Wednesday, November 17, 2004

When Will Sanity Rule?

By Rabbi Pinchos Lipschutz

Jews are baffling. We are constantly amazed when confronted with the world’s double standard. With every reminder that we are in Golus, we are astonished anew. With every new instance of the world’s hypocrisy, we fume and rail as if we had expected a fair deal.

People meet each other and they say “Did you see the way the New York Times wrote about Arafat? Wasn’t it terrible? How can they do that?” Some even send letters to the editor of leading newspapers, bemoaning their coverage, thinking that they will effect some kind of change.

People hear the newscaster on the radio and they get incensed, “Did you hear that? How can they say that?

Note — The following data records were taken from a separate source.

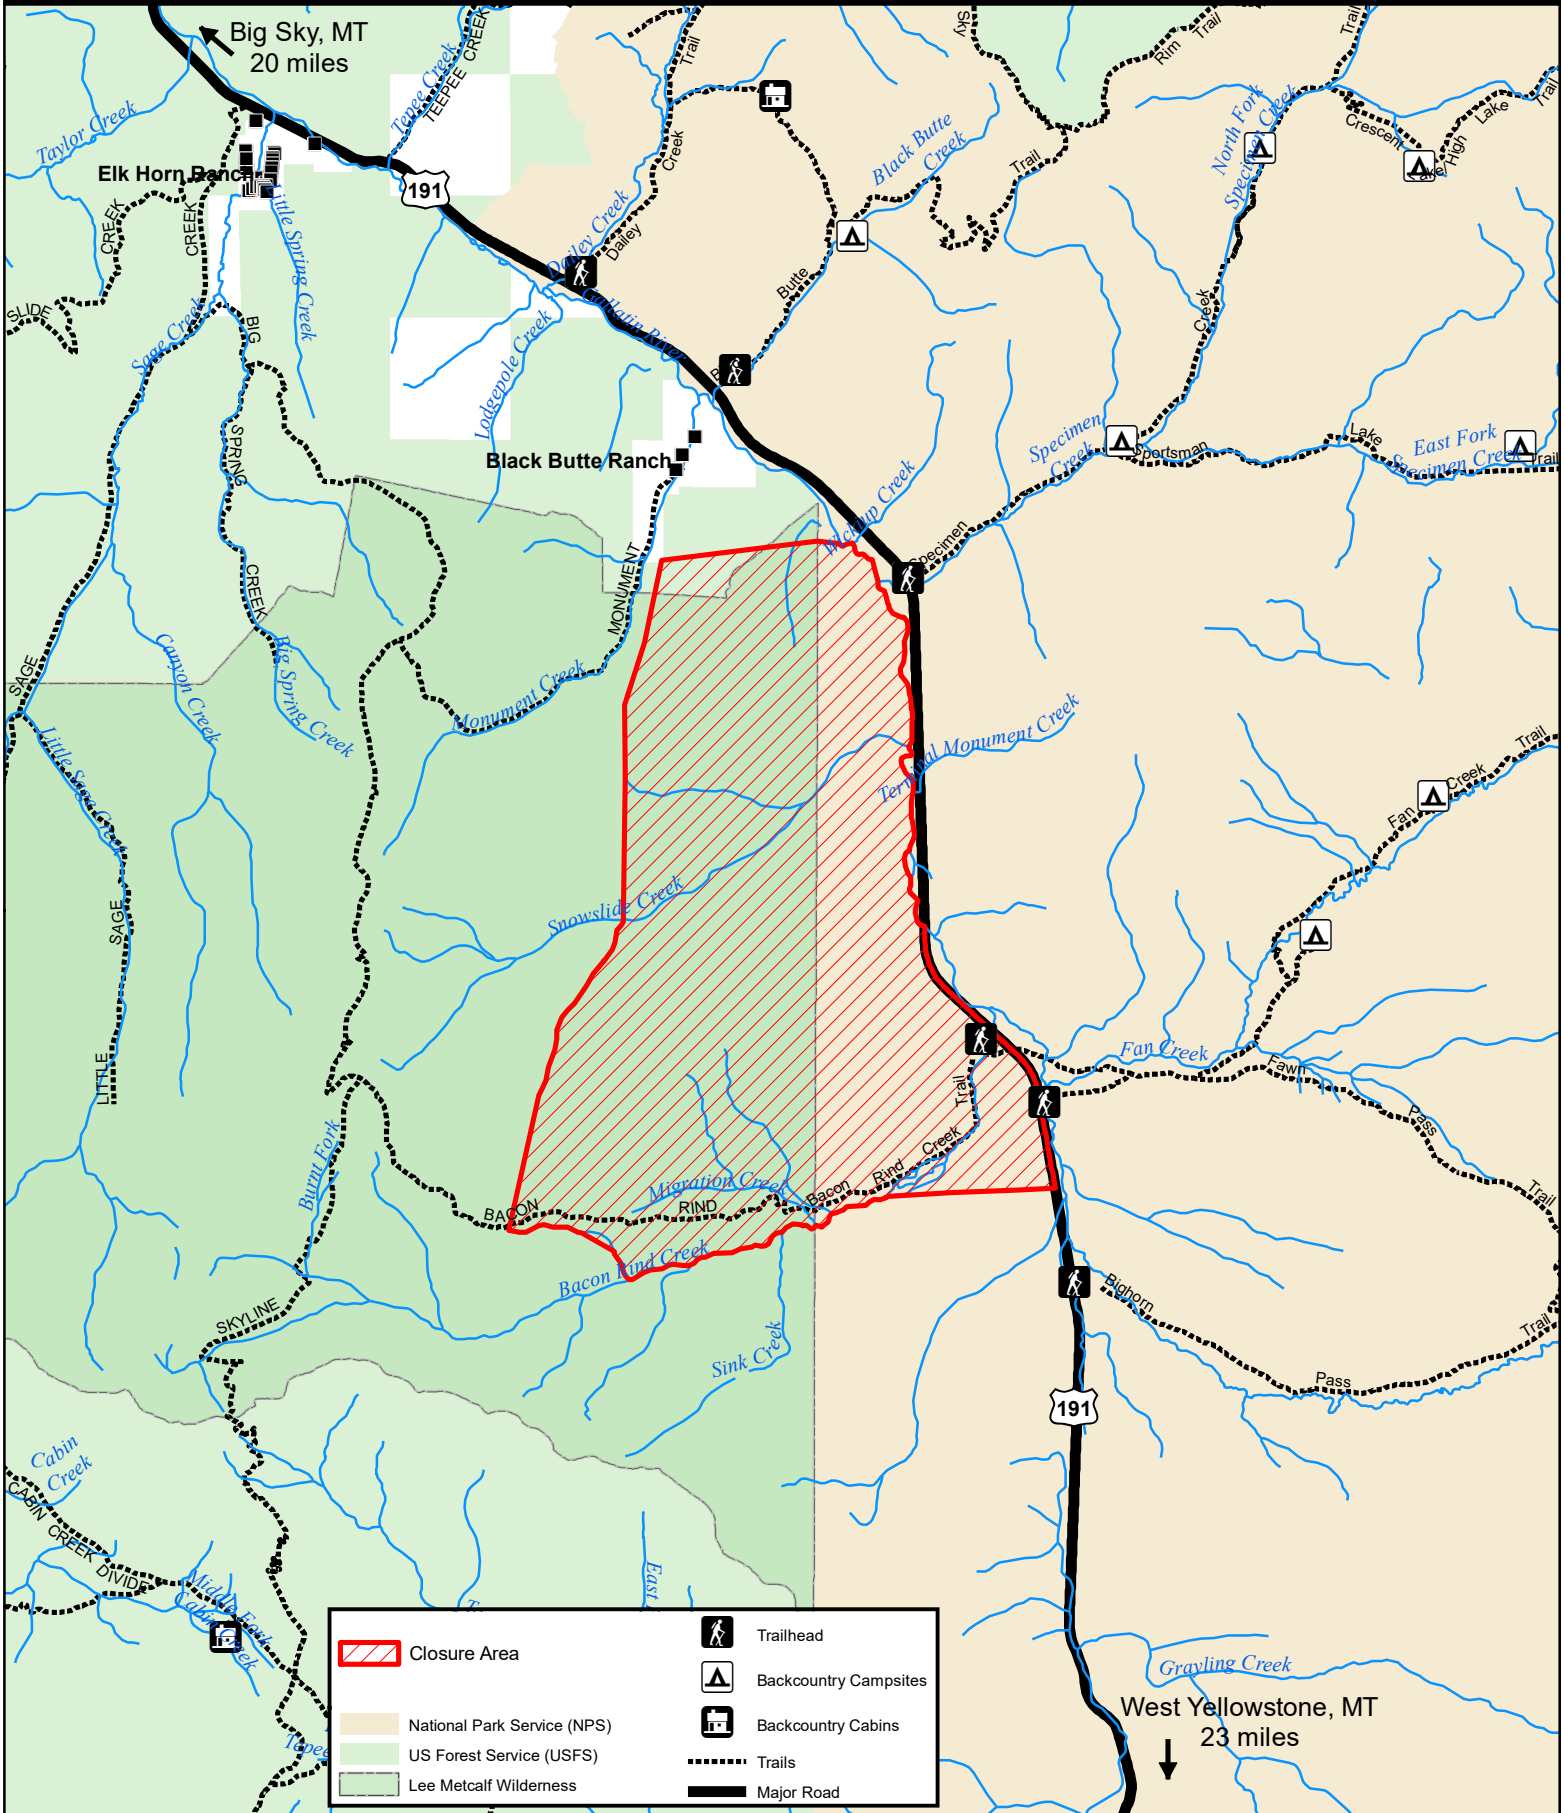

Closure Area for Bacon Rind

Big Sky, MT
20 miles

West Yellowstone, MT
23 miles

	Closure Area		Trailhead
	National Park Service (NPS)		Backcountry Campsites
	US Forest Service (USFS)		Backcountry Cabins
	Lee Metcalf Wilderness		Trails
			Major Road

Closure Order Effective 10/02/2018 Until Rescinded
US Highway 191 is Open
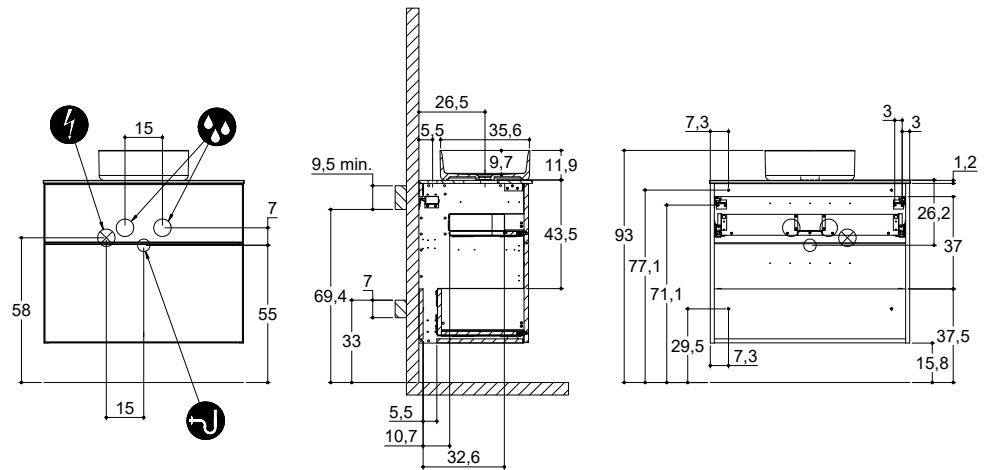

INSTALLATION GUIDE

For more information on installation and first-fix measurements check our website under each product.

DEPTH 26 CM
HEIGHT 48 CM

MICRO MENUET

DEPTH 35 CM
HEIGHT 48 CM

MINI MENUET

MINI MINORE

DEPTH 35 CM
HEIGHT 64 CM

MINI MENUET

MINI MINORE

INSTALLATION GUIDE

For more information on installation and first-fix measurements check our website under each product.

DEPTH 44 CM
HEIGHT 48 CM

MENUET

KANTATE

LARGHETTO

DEPTH 44 CM
HEIGHT 48 CM

EDGE

MINORE

INSTALLATION GUIDE

For more information on installation and first-fix measurements check our website under each product.

DEPTH 44 CM
HEIGHT 64 CM

MENUET

CIRCLE

STADIUM

CUBE

DEPTH 44 CM
 HEIGHT 64 CM

CIRCLE

STADIUM

What’s the matter with them?” They call the station and rant at the talk show host, thinking that this way they will accomplish something.
Permit me to let you in on a little secret: it won’t make a difference. The world hates Jews. The world has no use for us. Neither the New York Times, NPR, nor any of the newspapers of note have any allegiance to the truth.

World leaders like French President Chirac, Russia’s Putin and Britain’s Blair made a mockery of the truth in their press statements extolling the world’s arch-terrorist.

Before leaving for Washington to press President Bush into pushing Israel into a new deal with the Palestinians, British Prime Minister Tony Blair, America’s closest European ally, praised Arafat for having “led his people to an historic acceptance of the need for a two-state solution.”

French President Chirac made available the best French medical care for the murderer on his deathbed. The pompous head of state found time to visit his patient and personally ensured that he was afforded the best treatment. He even gave the terrorist a final gift: an official French ceremony befitting a head of state, after his death was finally made official.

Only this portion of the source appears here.